FortiSandbox sotto attacco: tre falle critiche sfruttate e un exploit che sembra generato dall’AI
Le appliance di analisi malware di Fortinet sono finite nel mirino. La società di threat intelligence Defused Cyber ha segnalato lo sfruttamento attivo di tre vulnerabilità in FortiSandbox, la piattaforma che molte organizzazioni usano per detonare file sospetti in ambiente isolato. Il dettaglio che cambia il quadro: l’exploit per una delle tre falle mostra segni di essere stato sviluppato con un modello di intelligenza artificiale, ed è difettoso.
Cosa è stato sfruttato
Defused Cyber ha intercettato tentativi di sfruttamento contro tre Common Vulnerabilities and Exposures, tutte critiche e tutte sfruttabili senza autenticazione via HTTP. Si tratta di tentativi rilevati da sensori di tipo honeypot: la società non riporta vittime confermate, né attribuzione, né attività di post-exploitation.
CVE-2026-39813 (base CVSS 9.8) è una path traversal nella JRPC API di FortiSandbox che consente a un attaccante non autenticato di aggirare l’autenticazione tramite richieste HTTP costruite ad arte.
CVE-2026-39808 (base CVSS 9.8) è una OS command injection che permette l’esecuzione di comandi non autorizzati, sempre via richieste HTTP malevole. Per questa falla circola un proof of concept pubblico, con tanto di template Nuclei, sin da aprile.
Le prime due erano già state corrette da Fortinet ad aprile 2026. La terza è più recente.
CVE-2026-25089 (CVSS 9.1, advisory Fortinet FG-IR-26-141) è una second order OS command injection che Fortinet riconduce alla funzione start VNC della Web UI di FortiSandbox, FortiSandbox Cloud e FortiSandbox PaaS. È stata risolta soltanto la scorsa settimana, con pubblicazione dell’avviso il 9 giugno: la finestra tra patch e tentativi di sfruttamento si è ridotta a pochi giorni.
Sui punteggi le fonti divergono in modo sistematico: alcune indicano il base score (NVD e tracker, fino a 9.8), altre il punteggio temporale in stile advisory (9.1, abbassato dai modificatori su disponibilità della patch e maturità del codice).
L’exploit «scritto» dall’AI
Secondo Defused Cyber, l’exploit per CVE-2026-25089 presenta tracce di generazione tramite un modello di AI ed è, allo stesso tempo, malfunzionante; per questa specifica vulnerabilità nessun exploit funzionante risulta ancora pubblicamente disponibile (a differenza della 39808, per cui un proof of concept circola da aprile). Fotografa bene la fase attuale: l’automazione offensiva tramite Large Language Model comprime i tempi di weaponization, ma non garantisce ancora affidabilità. Un codice oggi difettoso può però diventare operativo con poche iterazioni.
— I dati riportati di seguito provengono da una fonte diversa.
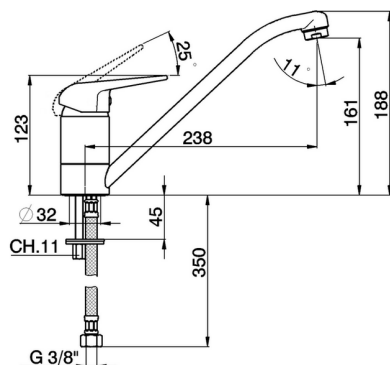

Single lever sink mixer Energysave KITCHEN_PO000585

MODEL **PO000585**

Single lever sink mixer Energysave,swivel spout,G.3/8" stainless steel flexible hoses

AVAILABLE FINISHINGS

CHARACTERISTICS

Cartridge Spare Parts **ZZ96423000**

40 mm Cartridge

EcoStop

EcoStop feature limits water flow to approximately 50% of maximum output with one point of resistance on setting. Push slightly past the middle stop only when full water output is required. This will save water up to 50%.

EnergySave

Thanks to the EnergySave device, only cold water will be drawn if the lever is operated in the central position, so that the water heater will not be engaged and no hot water wasted, leading to considerable savings in energy and costs. The temperature can be adjusted by rotating the lever to the left, until the desired temperature is reached.

È lo stesso terreno su cui si gioca il modello di minaccia degli assistenti AI, come mostrato dal caso SearchLeak su Copilot.
Per i difensori il segnale è doppio. Cresce la pressione sul patch management degli apparati di sicurezza, che restano un bersaglio privilegiato perché siedono in posizione fidata sulla rete. E la comparsa di exploit generati da AI impone di rivedere le ipotesi sui tempi di reazione: la regola implicita per cui una falla appena corretta è ancora lontana dallo sfruttamento di massa vale sempre meno.
Contesto
Gli apparati Fortinet sono da anni un parafulmine per gli attaccanti: ad aprile 2026 la stessa azienda aveva rilasciato patch fuori ciclo per una falla critica in FortiClient EMS (CVE-2026-35616), già sfruttata in rete. FortiSandbox, in quanto sistema che riceve e analizza contenuti potenzialmente ostili, è un bersaglio di particolare valore: comprometterlo significa poter manipolare i verdetti di analisi e ottenere un punto d’appoggio in un nodo che l’organizzazione considera, per definizione, affidabile. È il nodo della fiducia negli apparati che ricorre anche nel caso Velvet Ant.
La raccomandazione operativa è immediata: verificare di aver applicato gli aggiornamenti per tutte e tre le CVE, limitare l’esposizione delle interfacce di gestione e monitorare le richieste anomale verso JRPC API e Web UI.